----- INPUT RECORDS

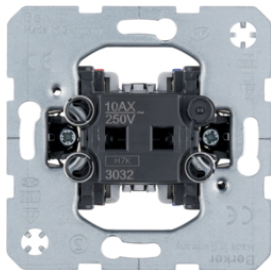

16968982

Клавіші для вимикачі в/кнопок, з літньою великим полем для надпису

Опис	Артикул
Клавіша 1X з літніми і великим полем д/надпису, біла S.1	16968982
Клавіша 1X з літніми і великим полем д/надпису, пол.бі лизна S.1	16968989
Клавіша 1X з літніми і великим полем д/надпису, пол.бі лизна матова S.1/V.x	16961909
Клавіша 1X з літніми і великим полем д/надпису, антрацит V.x	16961606
Клавіша 1X з літніми і великим полем д/надпису, алюміній V.x	16961404

15701909

Клавіші з гвинтовим кріпленням

Опис	Артикул
Клавіша 1X, прикручується, пол.бі лизна матова, S.1/V.x	15701909

15721909

Клавіші з гвинтовим кріпленням з літньою

Опис	Артикул
Клавіша 1X з літніми, прикручується, пол.бі лизна матова, S.1/V.x	15721909

3032

Вимикачі 2-полісні 10AX

Опис	Артикул
Вимикач одноклавішний 2-полісний 10AX/250В	3032

16228982

Клавіші для вимикачі в з надписом "0"

Опис	Артикул
Клавіша 1X з надписом "0", біла S.1	16228982
Клавіша 1X з надписом "0", пол.бі лизна S.1	16228989
Клавіша 1X з надписом "0", пол.бі лизна матова S.1/V.x	16221909
Клавіша 1X з надписом "0", антрацит В.х	16221606
Клавіша 1X з надписом "0", алюміній В.х	16221404
Клавіша 1X зі зноком 0, прикручується, пол.бі лизна матова, S.1/V.x	15731909
Клавіша 1X зі зноком 0, прикручується, антрацит В.х	15731606
Клавіша 1X зі зноком 0, прикручується, алюміній В.х	15731404

16248982

Клавіші для вимикачі в з надписом "0", з літньою

Опис	Артикул
Клавіша 1X з надписом "0" з літньою білою S.1	16248982
Клавіша 1X з надписом "0" з літньою пол.бі лизна S.1	16248989
Клавіша 1X з надписом "0" з літньою пол.бі лизна матова S.1/V.x	16241909
Клавіша 1X з надписом "0" з літньою антрацит В.х	16241606
Клавіша 1X з надписом "0" з літньою алюміній В.х	16241404
Клавіша 1X зі зноком 0 та літньою прикручується, пол.бі лизна матова, S.1/V.x	15771909
Клавіша 1X зі зноком 0 та літньою прикручується, антрацит В.х	15771606
Клавіша 1X зі зноком 0 та літньою прикручується, алюміній В.х	15771404

----------

### REQUIRED ACTION
Your task is to return the entries above exactly, with no pictures.

### EXERCISE ANSWER
16968982

Клавіші для вимикачі в/кнопок, з літньою великим полем для надпису

Опис	Артикул
Клавіша 1X з літніми і великим полем д/надпису, біла S.1	16968982
Клавіша 1X з літніми і великим полем д/надпису, пол.бі лизна S.1	16968989
Клавіша 1X з літніми і великим полем д/надпису, пол.бі лизна матова S.1/V.x	16961909
Клавіша 1X з літніми і великим полем д/надпису, антрацит V.x	16961606
Клавіша 1X з літніми і великим полем д/надпису, алюміній V.x	16961404

15701909

Клавіші з гвинтовим кріпленням

Опис	Артикул
Клавіша 1X, прикручується, пол.бі лизна матова, S.1/V.x	15701909

15721909

Клавіші з гвинтовим кріпленням з літньою

Опис	Артикул
Клавіша 1X з літніми, прикручується, пол.бі лизна матова, S.1/V.x	15721909

3032

Вимикачі 2-полісні 10AX

Опис	Артикул
Вимикач одноклавішний 2-полісний 10AX/250В	3032

16228982

Клавіші для вимикачі в з надписом "0"

Опис	Артикул
Клавіша 1X з надписом "0", біла S.1	16228982
Клавіша 1X з надписом "0", пол.бі лизна S.1	16228989
Клавіша 1X з надписом "0", пол.бі лизна матова S.1/V.x	16221909
Клавіша 1X з надписом "0", антрацит В.х	16221606
Клавіша 1X з надписом "0", алюміній В.х	16221404
Клавіша 1X зі зноком 0, прикручується, пол.бі лизна матова, S.1/V.x	15731909
Клавіша 1X зі зноком 0, прикручується, антрацит В.х	15731606
Клавіша 1X зі зноком 0, прикручується, алюміній В.х	15731404

16248982

Клавіші для вимикачі в з надписом "0", з літньою

Опис	Артикул
Клавіша 1X з надписом "0" з літньою білою S.1	16248982
Клавіша 1X з надписом "0" з літньою пол.бі лизна S.1	16248989
Клавіша 1X з надписом "0" з літньою пол.бі лизна матова S.1/V.x	16241909
Клавіша 1X з надписом "0" з літньою антрацит В.х	16241606
Клавіша 1X з надписом "0" з літньою алюміній В.х	16241404
Клавіша 1X зі зноком 0 та літньою прикручується, пол.бі лизна матова, S.1/V.x	15771909
Клавіша 1X зі зноком 0 та літньою прикручується, антрацит В.х	15771606
Клавіша 1X зі зноком 0 та літньою прикручується, алюміній В.х	15771404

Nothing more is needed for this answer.